Says Anita Lobo a lecturer “most of us are now living in apartments and high rises which even if equipped with gyms do not have open spaces. Previously our houses used to have large backyards and gardens and working in these gardens or gardening used to give quite a lot of exercise.” Ganesh a businessman says “My morning walk at the beach is also my ‘thinking time’. The time of day when I can be with my thoughts, and plan for the day ahead,”


Who said morning walks are boring? Ask a few morning walkers who have formed their own cliques be it the evening stadium Gang, the mission compound walkers, the Kadri Park walkers’ et al. Apart from making the morning walks entertaining, they discuss anything under the sun from business to solutions to household problems. Daily walking does brings a sense of routine, seeing the same faces everyday produces its own camaraderie, even if one is not carrying these relationships any further.

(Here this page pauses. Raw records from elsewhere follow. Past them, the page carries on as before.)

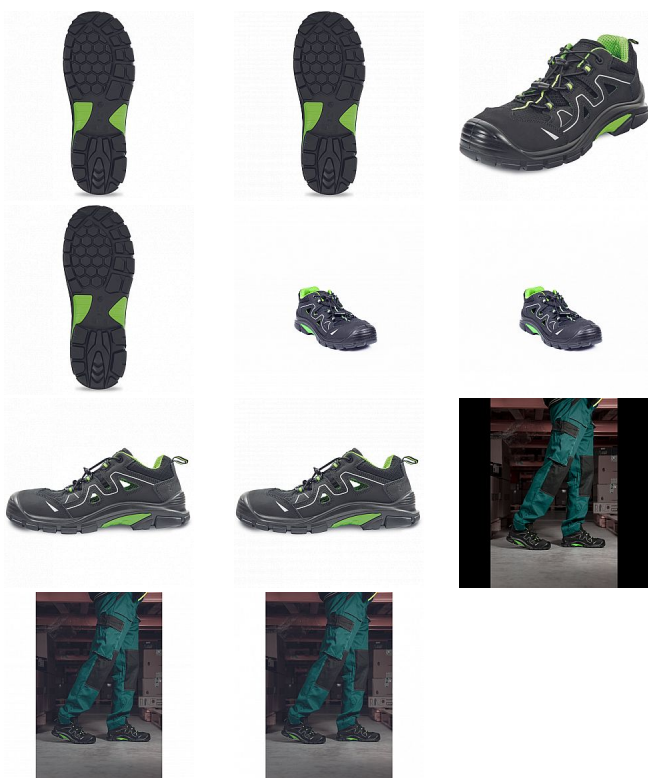

# MIRRADA S1P sandál černá

» PRACOVNÍ OBUV » Sandály pracovní / bezpečnostní » Sandály S1P

Kód zboží	1017010601
Dodavatelské číslo	0203015660xxx
Značka	CERVA

Na skladě:	U dodavatele
Na prodejně:	7 PÁR

# MIRRADA S1P sandál černá

» PRACOVNÍ OBUV » Sandály pracovní / bezpečnostní » Sandály S1P

## Popis

Moderní bezpečnostní sandály s kompozitní stélkou proti propichu a kompozitní tužinkou ve špici, která chrání před stlačením silou do 15 kN nebo pádem břemena o váze do 20kg z výšky 1m. Antistatická podešev vyrobená z kombinací polyuretanu a velice odolné gumy garantuje nejenom komfort, ale i bezpečí díky protiskluzným vlastnostem podrážky, která je navíc rezistentní olejům a oděru. Svršek obuvi je vyrobený z přírodní kůže „NUBUCK“ a vnitřní podšívka z prodyšného polyesteru. Uzavírání pomocí elastických tkaniček umožňuje ideálně přizpůsobit obuv k tvaru nohy. Reflexní prvky garantují zvýšenou viditelnost uživatele. Tento model je vybavený komfortní vnitřní stélkou, která díky gelové patě ještě lepe tlumí nárazy a přináší maximální pocit pohodlí během práce. Tyhle boty vypadají jako sportovní obuv, ale při tom dokonale ochrání vaší nohy.

## Parametry

Značka	CERVA
Materiál	<b>Materiál tužinky:</b> kompozit <b>Materiál stélky proti propichu:</b> kompozit <b>Svrchní materiál:</b> broušená kůže <b>Materiál podešve:</b> PU/guma <b>Materiál podšívky:</b> poly
Stupeň ochrany	S1P
Norma	EN ISO 20345:2022   S1 PS HRO FO SR
Pohlaví	Unisex

…Don’t let the thought of crowded streets and dirty paths deter you from walking. If you search….


The Vintage Book of Walking (ISBN-13: 978-0099276678) which is a comprehensive anthology on the topic of walking; a mix of fiction and non-fiction, poetry and drama, a foreword by Richard Holmes says “Because every walk becomes some sort of story, whether a mere anecdotal dawdle round the block, or an entire heroic epic across a continent.” No wonder another walker with a roving eye says “It is said that every morning walk becomes some sort of an interesting affair admiring the ladies ahead but sadly can’t talk to them, just look at them with a benevolent eye!”


And it’s not just the people who are in the so called twilight years of their lives, who are walking. The teens, the youth are walking too. Says Anthea an evening walker “walking has helped me reduce weight, as well as gives me a good night sleep. Gymming no doubt is a better way to burn off fat, but then once the body is toned you cannot quit gymming, you start putting it on in the wrong places”.


For long the citizens had been cribbing that there is no proper walking track in Mangalore until some months back when a few good spirited citizens came forward to fabricate barricades to be placed at the entrances of the Kadri Park road to prevent the walkers from being run over by speeding motorists. Now a walker says “I used to come for walking to relax and to forget my tensions. And here there was some other tension as to whether I would go back home in one piece. Now that tension is gone and I can again walk in peace.”


Don’t let the thought of crowded streets and dirty paths deter you from walking. If you search and persist, you will be able to create a route that suits you, and take up this wonderful form of exercise. And like Paul Dudley White once said “A vigorous five-mile walk will do more good for an unhappy but otherwise healthy adult than all the medicine and psychology in the world.” Way to go Mangaloreans…Happy walking!